Glycolysis and autophagy are two highly conserved processes that play important roles in physiological and pathological processes. We speculated that lactate, which is a signaling molecule, links glycolysis and autophagy. Intense exercise can cause muscle protein denaturation and mitochondrial damage through physiological processes. Autophagy maintains muscle cell homeostasis by eliminating damaged organelles and proteins and restoring metabolic balance. Intense muscle exercise produces a large amount of lactate, promotes the lactylation level of PIK3C3/VPS34, enhances the activity of PIK3C3/VPS34 kinase, increases PtdIns3P levels, and induces autophagy in muscle tissue. In addition to the AMPK pathway, lactate-mediated lactylation, which is a bypass regulatory pathway, regulates the homeostasis of muscle tissue. Lactate not only contributes to central metabolism in tumor cells but also orchestrates immunosuppressive communication in the tumor microenvironment. Lactate levels are increased by the Warburg effect in lung cancer and gastric cancer. High lactate mediates PIK3C3/VPS34 lactylation and induces autophagy. Autophagy can promote cancer progression by removing damaged organelles and proteins and thereby increase the metabolic fitness of malignant cells to help them survive in established tumor lesions.
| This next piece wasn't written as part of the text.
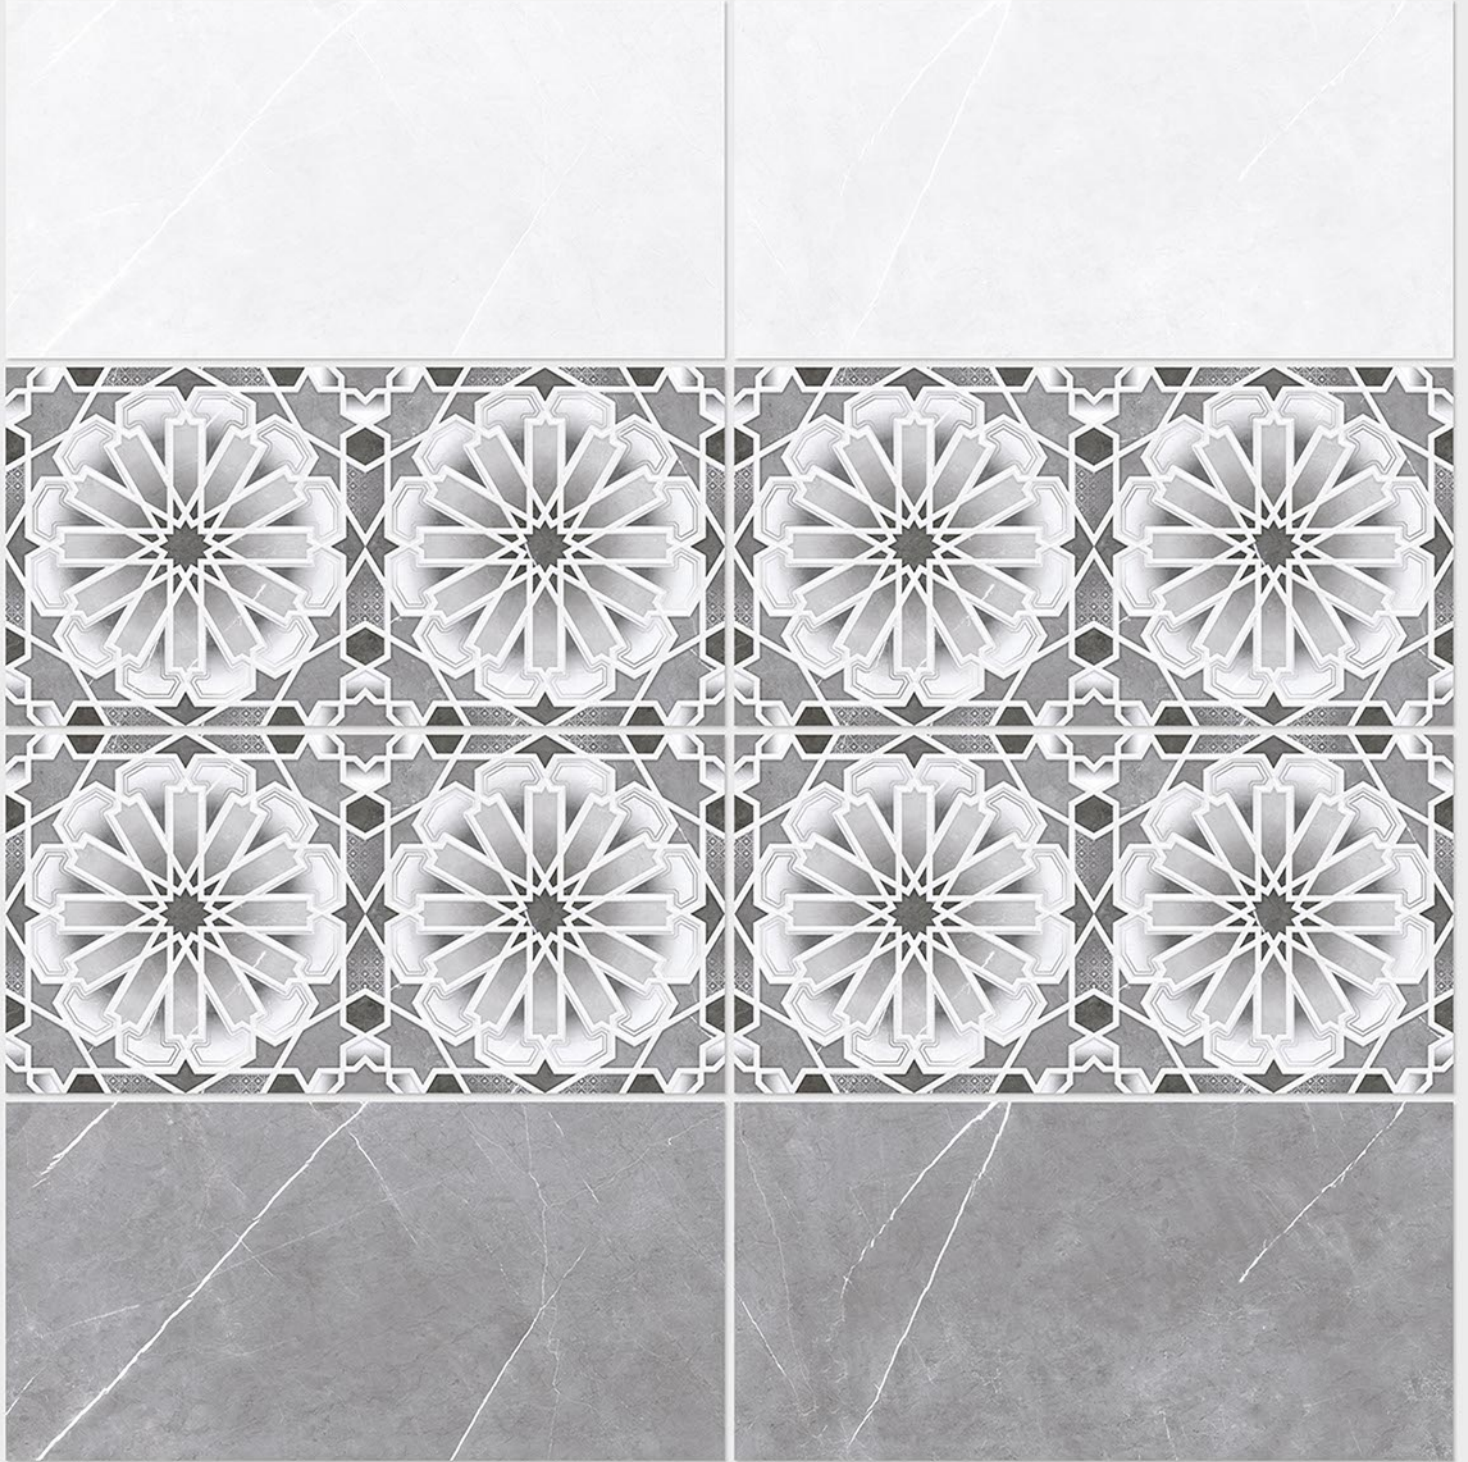

Tile Shown
1212

Therefore, lactate acts as a bridge linking glycolysis and autophagy.

In conclusion, our study uncovered a novel mechanism by which the glycolytic metabolite lactate regulates autophagy (Figure 1). Lactate is a signaling molecule that connects glycolysis and autophagy. In addition, we found that other core autophagy proteins are lactylated and can play a key role in physiological and pathological processes, such as sepsis, ischemia, neoplasia, and mitochondrial diseases. This new molecular mechanism needs to be explored further. These results may provide a theoretical basis for clinical diseases associated with glycolysis and autophagy.

Figure 1.

Schematic model summarizing the findings of our study. ULK1 phosphorylates LDHA serine 196 under serum-deprivation conditions, increases LDHA enzyme activity, and promotes lactate production. Lactate-mediated PIK3C3/VPS34 lactylation via the acetyltransferase KAT5/TIP60 further promotes its lipid kinase activity and activates autophagy in muscle cells and cancer cells.

Funding Statement

This study was supported by the National Key Research and Development Program of China (2021YFC2101100 to X.C.) and the National Nature Science Foundation of China (32170764 to X.C.).

Disclosure statement

No potential conflict of interest was reported by the author(s).